В первый раз у меня был привод, а во второй раз я сама пришла по повестке. Семен Израилевич тоже получил повестку. Это уже весна 1986 года. Все были другие: и секретарь партии другой, и начальник милиции другой, и гебешник другой, а бывший зампредисполкома стал завхозом, он и вел собрание. Осталась только та же стенографистка. Спрашивают: “Почему опять т а м вышла книжка и о вас говорят по радио?” (вышла моя книга в “Ардисе”). Я говорю: “Я делала две попытки напечататься здесь. Мне отказали”. У меня на руках уже были письменные отказы журналов.

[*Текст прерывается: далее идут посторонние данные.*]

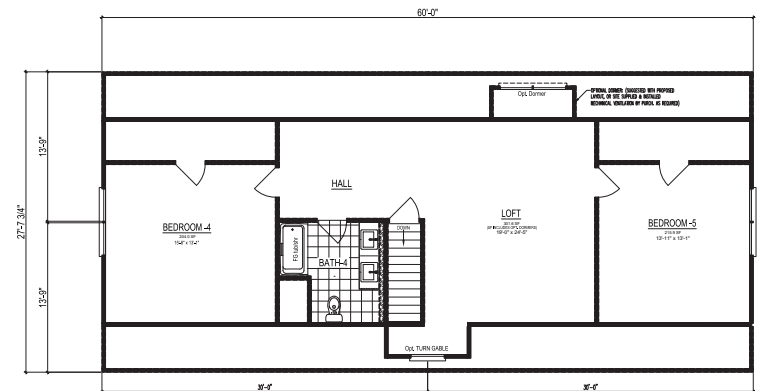

FARMHOUSE IV CAPE

Total Potential Area: 2,590 Sq. Ft.

Dimensions: 60'0"W x 27'8"D

3+ Bedrooms 2.5+ Bathrooms Cape Design (Ranch Option Available)

These are artist renditions for sales purposes only.
Refer to working drawings for actual dimensions.
© 2022 Nationwide Homes, Inc. All Rights Reserved.

Shown with Optional Front Porch and Exterior Features

FARMHOUSE IV CAPE

**Total Potential Area:
2,590 Sq. Ft.**

1,659 Sq. Ft. Finished
931 Sq. Ft. Unfinished

Dimensions:

60'0"W x 27'8"D

3+ Bedrooms

2.5+ Bathrooms

Expansive Kitchen Island

Hidden Pantry

Ceramic Tile Shower
(4x8')

Walk-in Closet

Expansive Utility Room

nationwide-homes.com

facebook.com/nationwidehome

instagram.com/nationwidehomes

Они стали шуметь: “Комиссия собралась, есть решение о высылке вас из Москвы”. Присутствовал уже и общественный обвинитель (кандидат наук, лектор из общества “Знание”). Я им сказала: “В прошлом году вы собирались и вызывали Инну Львовну Лиснянскую. Сейчас вы все другие, что же вы другую перед собой не посадили? Значит, вас всех можно заменить за один только год, а меня, Инну Львовну Лиснянскую, значит, некем подменить?”

Последний звонок был 20 марта уже аж в 87-м году. Никак не могли закрыть дело: “Почему опять о вас говорили вчера по “Свободе”?” — “Почему о Горбачеве говорят круглые сутки, а обо мне минутку нельзя сказать? Если еще хоть раз позвоните, я направлю телеграмму Михаилу Сергеевичу: “Почему о вас по радио можно говорить всегда, а обо мне никогда?”

                – Мне хочется спросить вас о побудительных причинах ваших стихов:
                Пронзены половецкими стрелами русские сны,
                Мы живем или после войны, или перед войной,
                За собой никакой мы не знаем вины,
                Потому и сильны, —
                За чужою виной, как за каменной, видно, стеной...

     – Но я выродок... Я враждую с этой стеной. Я ищу вину в себе. Пока народ не найдет, в чем он виноват, невозможно возрождение.

                – А эти строки об эмиграции?
                Ветер дует и свет задувает,
                Задувает и сердце мое...
                Это время, куря, затевает
                Мировую миграцию душ.

     – Я это написала в 1977 году. Значит, предвидела то, что происходит сейчас.

                – Как понять это:
                У нищих прошу подаянья,
                Богатым сама подаю,
                И входит второе дыханье
                В охриплую глотку мою...

     – Это тоже развитие евангельской идеи.

     – Заканчивая нашу беседу, я хочу сказать, что среди строк, которые уже вошли прочно в мою память, самые поразительные — средоточие подлинно христианских чувств — вот эти, адресованные “Моим судьям”:

                Рот закушу до самой черной алости,
                Мое молчание — моя броня.
                Не мучайте меня — умру от жалости,
                Мне жалко вас, не мучайте меня.

Честно говоря, я не знала, что для современного человека такое чувство всепрощения достижимо.